Of course you could do the same thing with xpystac but you need to make sure that roles and media_type are set on the asset so that xpystac knows what it is looking at:

import pystac
import xarray as xr

url_1 = "https://gist.githubusercontent.com/clausmichele/28efa0007731044db3a7752da2164fe0/raw/1cba235038f0aa20e16675a863224a4f3ab79e4a/CERRA-20010101000000_20011231000000.json"
url_2 = "https://gist.githubusercontent.com/clausmichele/6b78a70ef153c4c841401ec0b7d2b75f/raw/e0d2f307b1f8caef7ec19ae68b8100fb7d5f25dd/CERRA-20020101000000_20021231000000.json"

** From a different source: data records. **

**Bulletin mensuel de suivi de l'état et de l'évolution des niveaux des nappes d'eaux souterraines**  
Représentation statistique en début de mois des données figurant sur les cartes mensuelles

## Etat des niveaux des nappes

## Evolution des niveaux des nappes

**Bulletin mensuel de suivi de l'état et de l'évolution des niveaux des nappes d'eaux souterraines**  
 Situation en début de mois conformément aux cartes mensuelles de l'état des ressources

item_1 = pystac.read_file(url_1)
item_2 = pystac.read_file(url_2)
items = [item_1, item_2]

datasets_list = []
for item in items:
    for asset in item.assets.values():
        print(asset)
        if asset.href.endswith(".json"):
            asset.media_type = "application/json"
            asset.roles = ["index"]
            data = xr.open_dataset(asset, engine="stac", chunks={})
            datasets_list.append(data)
data = xr.combine_by_coords(datasets_list, combine_attrs="drop_conflicts")
data

Possible future work

I can imagine a world in which xpystac builds up a little bit of its own stacking logic so that you could stack zarr or kerchunk assets -- which I don't think are supported by stackstac or odc-stac.

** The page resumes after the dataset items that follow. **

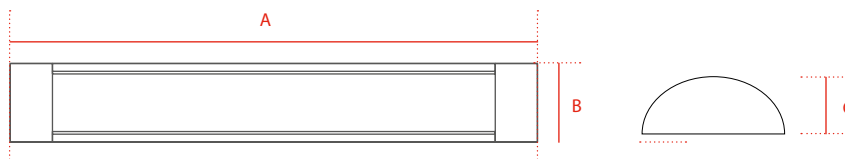

DIMENSÕES

ATENDIMENTO AO CONSUMIDOR
faleconosco@avantlux.com.br
(11) 3355-2220

avantlux.com.br • fb.com/AvantLighting • instagram.com/avantlux

As informações contidas acima poderão sofrer alterações sem prévio aviso.
As fotos são meramente ilustrativas.

* Vida útil nominal de até 25 mil horas (L70)
** IRC - Índice de Reprodução de Cores

Maior/2024
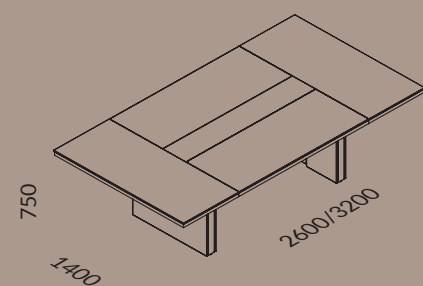

# Ario

---

demand more

MARO

N06  
Fornir  
DĄB FLADER  
Veneer  
FLADER OAK

Szko  
BIAŁE LACOBEL  
Glass  
WHITE LACOBEL

U1  
Melamina  
BIAŁY  
Melamine  
WHITE

Akcent  
ALUMINIUM  
SZCZOTKOWANE  
Decorative strip  
BRUSHED ALUMINIUM

That would make it so (once you have fixed up your media_type and roles) you could just do:

data = xr.open_dataset(items, engine="stac", stacking_library="xpystac")

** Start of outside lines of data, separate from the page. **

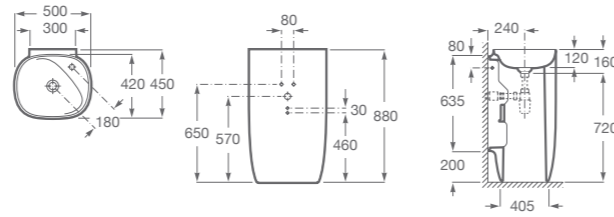

BACHAS ENCIMERAS

INSPIRA

SQUARE
Medidas: 370 x 370 x 120 mm. Fineceramic®. Incluye desagüe con tapón fijo abierto de porcelana.
A32753R000

HORIZON

HORIZON
Medidas: 600 x 380 mm. Sin orificio. Admite grifería de caño alto o de pared.
A32727500B

A327114000 Encimera, esmaltada. Sin fijación. **A32711N000** Bajo encimera, borde sin esmalte. Con fijaciones.

BACHAS BAJO ENCIMERAS

INDALO

INDALO

Medidas: 485 x 385 mm. Plantilla de corte impresa. Sin orificios.

1400140000200

TREVI

TREVI

Medidas: 480 x 375 mm. Plantilla de corte impresa.

1400600000200

PLATOS DE DUCHA

TOTEM

BEYOND

BEYOND

Medidas: 500 x 880 mm. Fineceramic®. Se suministra con 1 orificio del lado derecho. Incluye desagüe universal con tapón cerámico Ø 72 mm. No incluye grifería.
A3270B0000

ESPEJOS

IRIDIA

IRIDIA RECTANGULAR

I wrote up a little proof of concept for this, but I'm not 100% sure it's a good idea to put very much logic into xpystac. Maybe the thing to do would be to get stacstack and odc-stac to support kerchunk themselves.

clausmichele commented 8 months ago
import pystac
import xarray as xr

url_1 = "https://gist.githubusercontent.com/clausmichele/28efa0007731044db3a7752da2164fe0/raw/1cba235038f0aa20e16675a863224a4f3ab79e4a/CERRA-20010101000000_20011231000000.json"
url_2 = "https://gist.githubusercontent.com/clausmichele/6b78a70ef153c4c841401ec0b7d2b75f/raw/e0d2f307b1f8caef7ec19ae68b8100fb7d5f25dd/CERRA-20020101000000_20021231000000.json"

item_1 = pystac.read_file(url_1)
item_2 = pystac.read_file(url_2)
items = [item_1, item_2]

datasets_list = []
for item in items:
    for asset in item.assets.values():
        print(asset)
        if asset.href.endswith(".json"):
            data = xr.open_dataset(asset.href, engine="kerchunk", chunks={})
            datasets_list.append(data)
data = xr.combine_by_coords(datasets_list, combine_attrs="drop_conflicts")
data

This returned an error for me: ValueError: unrecognized engine kerchunk must be one of: ['netcdf4', 'h5netcdf', 'scipy', 'rasterio', 'stac', 'store', 'zarr'] Solved with:

git clone https://github.com/fsspec/kerchunk
cd kerchunk
pip install .

probably it's an unreleased functionality?

Anyway, thanks for the suggestions!

jsignell commented 8 months ago

hmm yeah might not be released, but glad it worked!